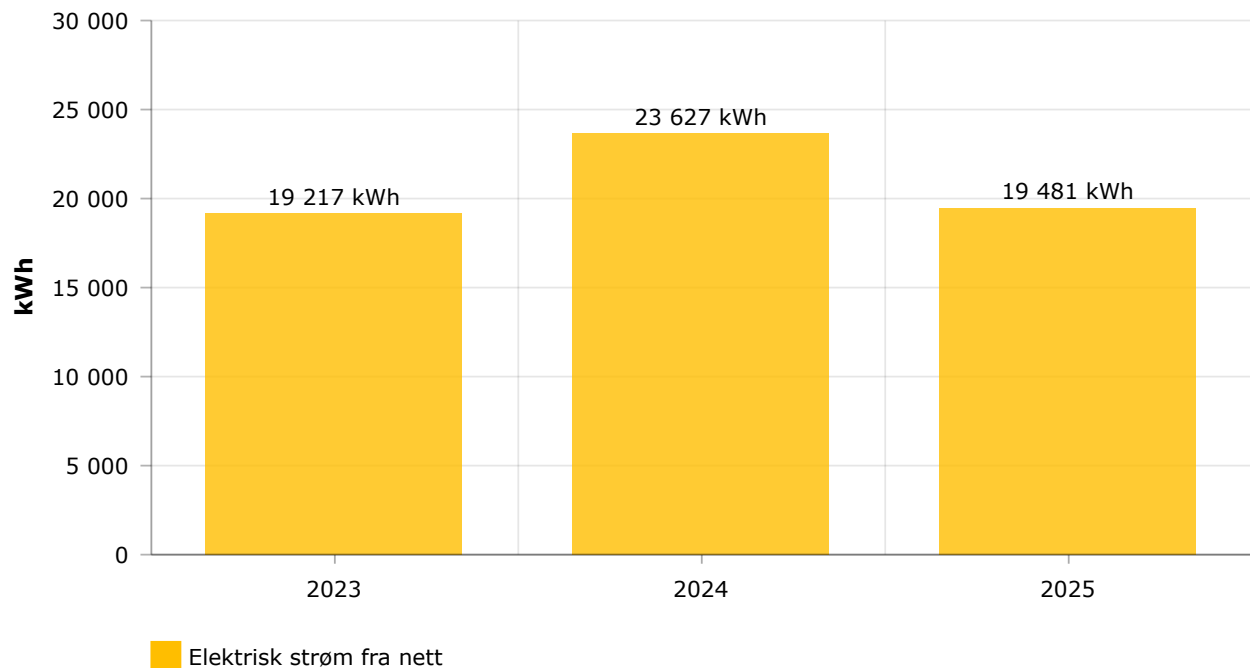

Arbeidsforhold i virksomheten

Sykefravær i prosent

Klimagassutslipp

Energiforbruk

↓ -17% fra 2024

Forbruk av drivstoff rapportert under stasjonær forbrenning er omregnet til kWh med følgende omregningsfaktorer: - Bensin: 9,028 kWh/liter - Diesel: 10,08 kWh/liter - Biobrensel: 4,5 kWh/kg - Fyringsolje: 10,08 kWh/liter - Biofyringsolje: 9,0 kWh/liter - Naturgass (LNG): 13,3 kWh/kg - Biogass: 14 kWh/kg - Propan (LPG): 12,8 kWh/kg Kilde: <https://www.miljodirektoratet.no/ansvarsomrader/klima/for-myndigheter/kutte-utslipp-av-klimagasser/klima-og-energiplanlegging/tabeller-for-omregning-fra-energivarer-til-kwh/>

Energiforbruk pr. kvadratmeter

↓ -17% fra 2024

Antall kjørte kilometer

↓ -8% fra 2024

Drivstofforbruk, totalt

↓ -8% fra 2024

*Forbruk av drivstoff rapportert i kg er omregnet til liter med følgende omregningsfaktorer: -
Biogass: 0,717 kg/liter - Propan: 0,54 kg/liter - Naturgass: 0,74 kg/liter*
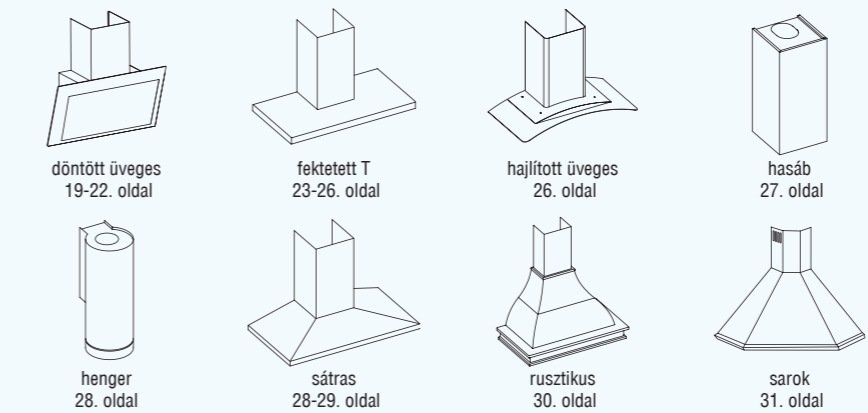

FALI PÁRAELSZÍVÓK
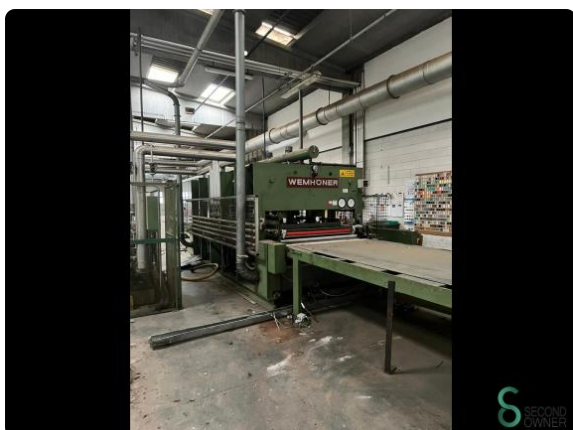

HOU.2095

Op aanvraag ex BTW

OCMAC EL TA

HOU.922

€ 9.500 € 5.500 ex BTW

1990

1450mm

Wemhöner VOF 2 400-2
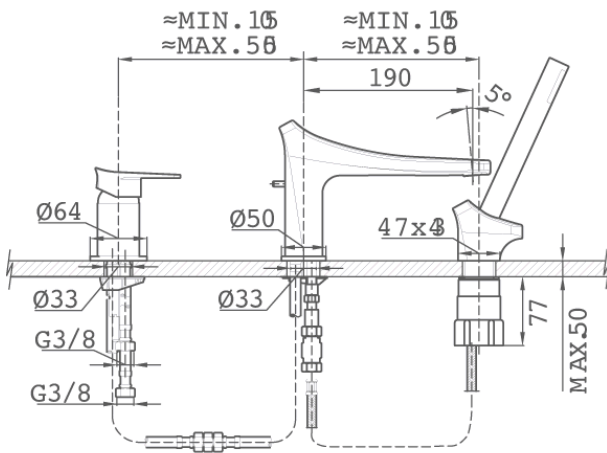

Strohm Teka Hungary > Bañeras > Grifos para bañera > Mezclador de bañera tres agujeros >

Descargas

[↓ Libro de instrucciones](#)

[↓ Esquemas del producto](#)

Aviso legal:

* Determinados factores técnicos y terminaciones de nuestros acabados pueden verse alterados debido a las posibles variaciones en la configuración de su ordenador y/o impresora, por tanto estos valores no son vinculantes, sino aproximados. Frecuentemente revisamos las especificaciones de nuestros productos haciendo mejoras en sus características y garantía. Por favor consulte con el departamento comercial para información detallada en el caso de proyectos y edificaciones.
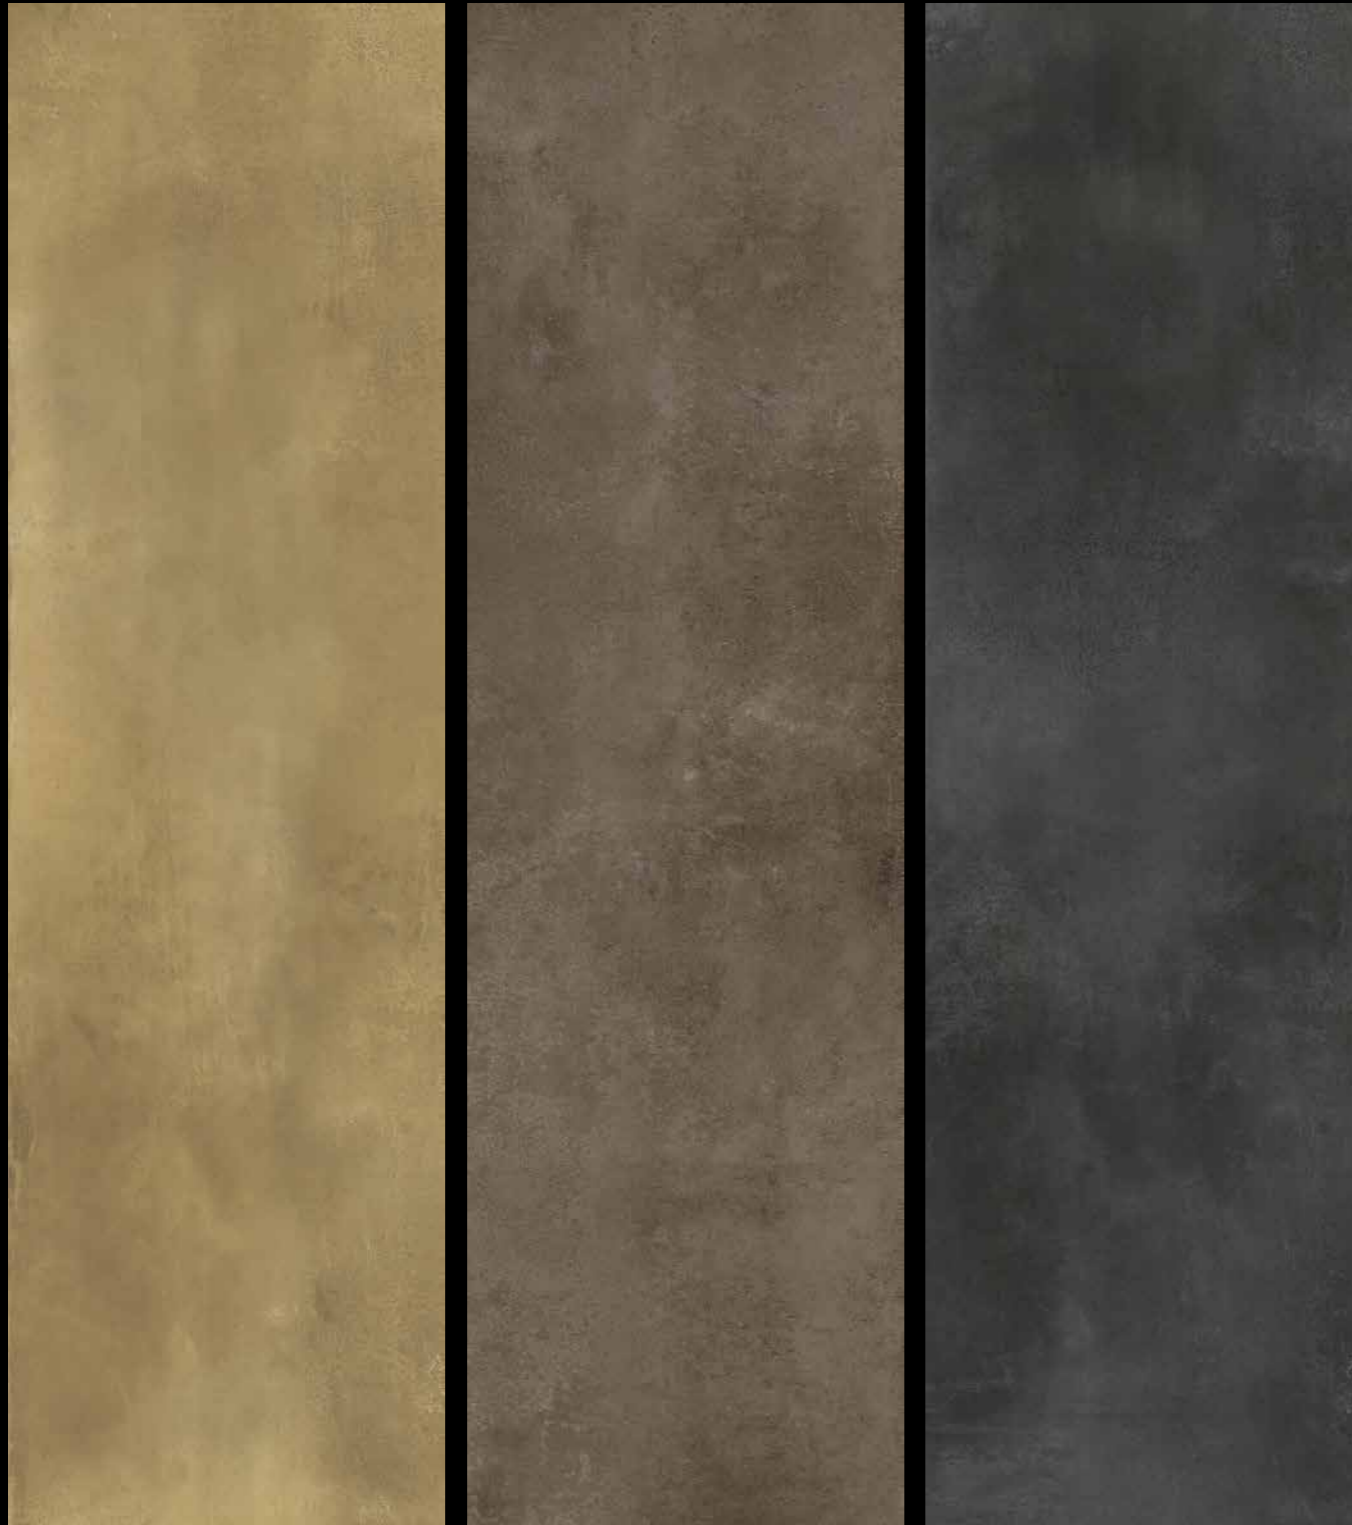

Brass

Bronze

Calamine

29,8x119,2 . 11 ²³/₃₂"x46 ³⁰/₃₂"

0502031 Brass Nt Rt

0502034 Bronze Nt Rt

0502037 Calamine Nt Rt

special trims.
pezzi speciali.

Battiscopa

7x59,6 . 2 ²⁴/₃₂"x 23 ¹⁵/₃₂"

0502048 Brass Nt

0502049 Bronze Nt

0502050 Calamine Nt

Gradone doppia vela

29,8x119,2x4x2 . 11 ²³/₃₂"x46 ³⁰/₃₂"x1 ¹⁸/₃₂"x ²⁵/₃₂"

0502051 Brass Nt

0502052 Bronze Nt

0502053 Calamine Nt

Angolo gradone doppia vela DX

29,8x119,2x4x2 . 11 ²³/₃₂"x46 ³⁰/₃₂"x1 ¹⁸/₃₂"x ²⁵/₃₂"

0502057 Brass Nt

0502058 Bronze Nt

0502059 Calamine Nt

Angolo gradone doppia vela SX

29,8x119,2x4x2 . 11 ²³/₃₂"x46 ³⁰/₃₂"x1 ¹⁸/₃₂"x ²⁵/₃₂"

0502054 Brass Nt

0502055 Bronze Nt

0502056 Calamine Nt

****

### Exercise directions
Go through the entries above and count the lines containing the string "liter". Give only that number.

### Finished task
3